## Sunday, December 29, 2013

### Meditating... on Chaos

Food for thought… an interesting passage from chapter 85 (on chaos theory, also known as "bifurcation theory") of Richard Elwes' "Math In 100 Key Breakthroughs" (pgs. 345-7):
"How can one produce a random number? In the late 1940's, John von Neumann proposed a very strange answer to that question.  He suggested that applying a simple algebraic rule a few times should do the job. The rule is to begin with some number, call it x, and then multiply x by (1 - x), and multiply the result by 4. That is to say: x --> 4 X x X (1 - x).
"There does not seem to be anything especially 'random' about this bit of algebra. Once the initial number is chosen, say x = 0.1, the result of applying the rule is then completely predetermined. But a little experimentation reveals von Neumann's insight. The sequence produced by this rule runs: 0.1, 0.36, 0.9216, 0.2890, 0.8219, 0.5854, 0.9708, and so on (each number given to 4 decimal places). There does not seem to be much of a pattern here, and in fact that is no illusion. You can extend the sequence for as long as you like and in fact no pattern will emerge. Someone who did not know the rule being used would find it virtually impossible to distinguish between this sequence and one produced by a genuinely random physical process such as radioactive decay."…

"Today, von Neumann's rule is known as the logistic map, and it is one of the simplest examples of mathematical chaos, a phenomenon which has been recognized in many different situations…."

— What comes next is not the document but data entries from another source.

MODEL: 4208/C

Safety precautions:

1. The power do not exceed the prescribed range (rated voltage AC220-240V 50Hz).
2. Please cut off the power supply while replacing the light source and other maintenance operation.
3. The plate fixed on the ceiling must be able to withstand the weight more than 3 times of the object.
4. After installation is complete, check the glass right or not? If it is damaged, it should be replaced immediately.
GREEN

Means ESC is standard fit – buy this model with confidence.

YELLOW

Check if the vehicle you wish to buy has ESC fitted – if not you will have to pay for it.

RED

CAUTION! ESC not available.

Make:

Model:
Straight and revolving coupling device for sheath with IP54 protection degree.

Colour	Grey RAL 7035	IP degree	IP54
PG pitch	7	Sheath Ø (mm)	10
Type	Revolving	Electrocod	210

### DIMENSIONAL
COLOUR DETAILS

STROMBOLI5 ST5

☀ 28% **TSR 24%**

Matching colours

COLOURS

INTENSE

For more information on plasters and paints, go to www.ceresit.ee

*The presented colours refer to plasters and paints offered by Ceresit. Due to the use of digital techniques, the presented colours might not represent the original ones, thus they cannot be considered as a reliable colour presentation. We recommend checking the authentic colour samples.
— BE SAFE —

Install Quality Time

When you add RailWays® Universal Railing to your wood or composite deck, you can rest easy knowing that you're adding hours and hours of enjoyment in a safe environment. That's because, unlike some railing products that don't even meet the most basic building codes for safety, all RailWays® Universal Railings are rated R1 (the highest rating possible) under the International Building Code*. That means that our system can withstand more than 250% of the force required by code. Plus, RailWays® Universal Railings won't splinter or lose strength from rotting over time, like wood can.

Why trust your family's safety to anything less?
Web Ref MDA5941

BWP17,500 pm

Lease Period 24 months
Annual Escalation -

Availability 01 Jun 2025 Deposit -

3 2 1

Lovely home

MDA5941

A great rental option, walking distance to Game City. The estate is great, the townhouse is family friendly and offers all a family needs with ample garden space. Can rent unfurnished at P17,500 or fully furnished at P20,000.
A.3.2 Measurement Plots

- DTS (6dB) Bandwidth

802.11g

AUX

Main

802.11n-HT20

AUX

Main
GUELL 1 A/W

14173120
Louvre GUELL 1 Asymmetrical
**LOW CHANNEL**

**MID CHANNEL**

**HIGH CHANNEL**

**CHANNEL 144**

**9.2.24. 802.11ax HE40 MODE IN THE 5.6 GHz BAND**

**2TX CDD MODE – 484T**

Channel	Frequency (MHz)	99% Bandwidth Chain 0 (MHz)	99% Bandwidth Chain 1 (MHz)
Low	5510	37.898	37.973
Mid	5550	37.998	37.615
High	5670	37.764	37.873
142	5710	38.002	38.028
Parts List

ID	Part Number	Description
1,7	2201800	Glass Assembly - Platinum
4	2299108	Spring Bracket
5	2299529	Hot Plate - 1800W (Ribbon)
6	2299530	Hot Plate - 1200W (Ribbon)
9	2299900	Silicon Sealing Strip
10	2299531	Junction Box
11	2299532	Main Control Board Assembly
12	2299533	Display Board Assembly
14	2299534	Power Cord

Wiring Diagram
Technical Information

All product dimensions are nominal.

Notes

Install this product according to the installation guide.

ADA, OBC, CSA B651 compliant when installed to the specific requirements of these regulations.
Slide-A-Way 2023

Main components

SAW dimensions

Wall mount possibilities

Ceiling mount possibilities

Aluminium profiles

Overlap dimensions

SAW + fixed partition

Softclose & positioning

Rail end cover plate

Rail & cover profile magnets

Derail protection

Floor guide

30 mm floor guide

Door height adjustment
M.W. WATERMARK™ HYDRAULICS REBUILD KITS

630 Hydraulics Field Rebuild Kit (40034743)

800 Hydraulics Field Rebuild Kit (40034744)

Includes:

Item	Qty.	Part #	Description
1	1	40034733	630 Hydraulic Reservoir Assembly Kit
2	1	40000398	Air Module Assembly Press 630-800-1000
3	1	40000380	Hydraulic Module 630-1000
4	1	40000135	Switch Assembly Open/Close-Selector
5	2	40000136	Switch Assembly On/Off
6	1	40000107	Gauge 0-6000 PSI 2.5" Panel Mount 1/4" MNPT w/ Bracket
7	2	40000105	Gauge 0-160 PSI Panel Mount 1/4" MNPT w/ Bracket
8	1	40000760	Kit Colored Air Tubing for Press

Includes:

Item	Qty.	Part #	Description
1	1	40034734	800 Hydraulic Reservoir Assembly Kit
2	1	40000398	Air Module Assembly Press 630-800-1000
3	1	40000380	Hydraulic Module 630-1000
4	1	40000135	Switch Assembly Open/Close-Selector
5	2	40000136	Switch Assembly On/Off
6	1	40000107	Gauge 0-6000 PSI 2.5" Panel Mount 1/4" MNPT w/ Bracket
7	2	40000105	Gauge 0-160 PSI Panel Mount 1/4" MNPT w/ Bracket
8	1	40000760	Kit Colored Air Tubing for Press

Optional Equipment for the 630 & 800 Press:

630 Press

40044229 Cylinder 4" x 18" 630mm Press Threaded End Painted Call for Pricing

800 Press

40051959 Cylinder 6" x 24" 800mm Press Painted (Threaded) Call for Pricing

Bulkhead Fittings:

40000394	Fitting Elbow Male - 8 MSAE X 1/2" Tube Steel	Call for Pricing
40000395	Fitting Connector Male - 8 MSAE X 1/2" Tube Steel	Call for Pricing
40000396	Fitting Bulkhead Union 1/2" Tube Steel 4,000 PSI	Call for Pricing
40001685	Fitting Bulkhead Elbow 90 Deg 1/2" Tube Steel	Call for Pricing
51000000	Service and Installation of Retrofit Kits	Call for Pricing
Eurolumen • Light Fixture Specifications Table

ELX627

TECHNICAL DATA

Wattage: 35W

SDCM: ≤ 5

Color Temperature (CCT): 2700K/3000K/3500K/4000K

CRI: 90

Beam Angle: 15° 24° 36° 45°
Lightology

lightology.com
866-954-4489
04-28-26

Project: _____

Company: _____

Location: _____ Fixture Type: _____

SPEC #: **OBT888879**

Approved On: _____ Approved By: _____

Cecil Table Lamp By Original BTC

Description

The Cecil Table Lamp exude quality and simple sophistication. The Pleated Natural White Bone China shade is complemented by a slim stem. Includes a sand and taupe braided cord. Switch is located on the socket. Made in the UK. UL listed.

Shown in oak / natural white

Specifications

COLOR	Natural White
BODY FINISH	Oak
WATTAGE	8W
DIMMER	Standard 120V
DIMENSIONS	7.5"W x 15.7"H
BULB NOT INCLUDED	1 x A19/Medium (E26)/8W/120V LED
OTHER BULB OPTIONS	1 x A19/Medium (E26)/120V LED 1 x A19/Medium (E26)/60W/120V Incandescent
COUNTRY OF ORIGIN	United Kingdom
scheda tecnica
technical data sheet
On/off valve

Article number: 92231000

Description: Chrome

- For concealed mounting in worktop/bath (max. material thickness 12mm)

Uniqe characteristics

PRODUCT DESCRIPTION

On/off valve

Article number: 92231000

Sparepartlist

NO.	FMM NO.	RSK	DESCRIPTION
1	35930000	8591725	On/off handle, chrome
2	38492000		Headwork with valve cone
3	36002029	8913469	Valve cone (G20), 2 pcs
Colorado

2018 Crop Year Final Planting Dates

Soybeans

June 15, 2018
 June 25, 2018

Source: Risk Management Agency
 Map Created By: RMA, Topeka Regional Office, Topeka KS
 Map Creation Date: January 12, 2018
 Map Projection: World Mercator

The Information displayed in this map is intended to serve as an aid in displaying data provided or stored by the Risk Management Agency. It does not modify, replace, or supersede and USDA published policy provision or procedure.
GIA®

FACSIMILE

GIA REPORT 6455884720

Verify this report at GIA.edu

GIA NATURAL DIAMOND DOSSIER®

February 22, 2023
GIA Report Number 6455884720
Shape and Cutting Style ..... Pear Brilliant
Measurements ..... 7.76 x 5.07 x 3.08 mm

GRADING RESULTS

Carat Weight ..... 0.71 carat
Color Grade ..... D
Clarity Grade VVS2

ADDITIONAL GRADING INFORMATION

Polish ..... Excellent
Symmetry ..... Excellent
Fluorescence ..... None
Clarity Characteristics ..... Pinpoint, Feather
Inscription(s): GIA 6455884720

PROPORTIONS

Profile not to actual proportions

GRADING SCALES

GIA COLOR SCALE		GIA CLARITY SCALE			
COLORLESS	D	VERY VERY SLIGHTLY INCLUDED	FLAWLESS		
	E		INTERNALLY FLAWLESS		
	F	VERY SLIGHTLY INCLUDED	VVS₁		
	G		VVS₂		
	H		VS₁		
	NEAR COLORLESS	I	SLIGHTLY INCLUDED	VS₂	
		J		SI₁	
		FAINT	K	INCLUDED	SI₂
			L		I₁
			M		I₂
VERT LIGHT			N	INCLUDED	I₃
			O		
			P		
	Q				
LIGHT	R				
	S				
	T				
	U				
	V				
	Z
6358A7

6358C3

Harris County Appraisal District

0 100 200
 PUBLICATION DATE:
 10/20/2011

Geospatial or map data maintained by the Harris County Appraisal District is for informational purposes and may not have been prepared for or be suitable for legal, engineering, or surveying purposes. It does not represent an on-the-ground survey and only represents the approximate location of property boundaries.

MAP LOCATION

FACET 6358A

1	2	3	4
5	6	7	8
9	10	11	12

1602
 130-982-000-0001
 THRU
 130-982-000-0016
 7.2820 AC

"In von Neumann's pseudorandom number generator, everything rests on the number 4, known as the parameter. Changing that value completely alters the behavior of the system. If one replaces 4 with a new parameter of 2, the logistic map ceases to be chaotic. Instead, for any starting value, the sequence will quickly home in on a fixed value of 0.5. This is known as an attracting point of the system.
"Increase the parameter from 2 to 3.4, and something new occurs. After a while, the sequence will endlessly flicker back and forth between two values around 0.84 and 0.45. This is known as an attracting 2-cycle. Raise the parameter a little higher to 3.5, and this is replaced with an attracting 4-cycle, and then at 3.55, an attracting 8-cycle, and so on. As the parameter increases, the length of the attracting cycle keeps doubling 15, 32, 64, and so on. This behavior is what chaos theorists call a sequence of bifurcations."
He goes on to explain that the bifurcations end once the parameter hits a certain threshold value known as the Feigenbaum point (named after chaos theorist Mitchell Feigenbaum). Beyond that point (like "4" in the example) the produced sequence will act chaotically forever, producing the famous "butterfly effect" whereby two sequences beginning at only slightly different starting values "end up entirely unrecognizable from each other."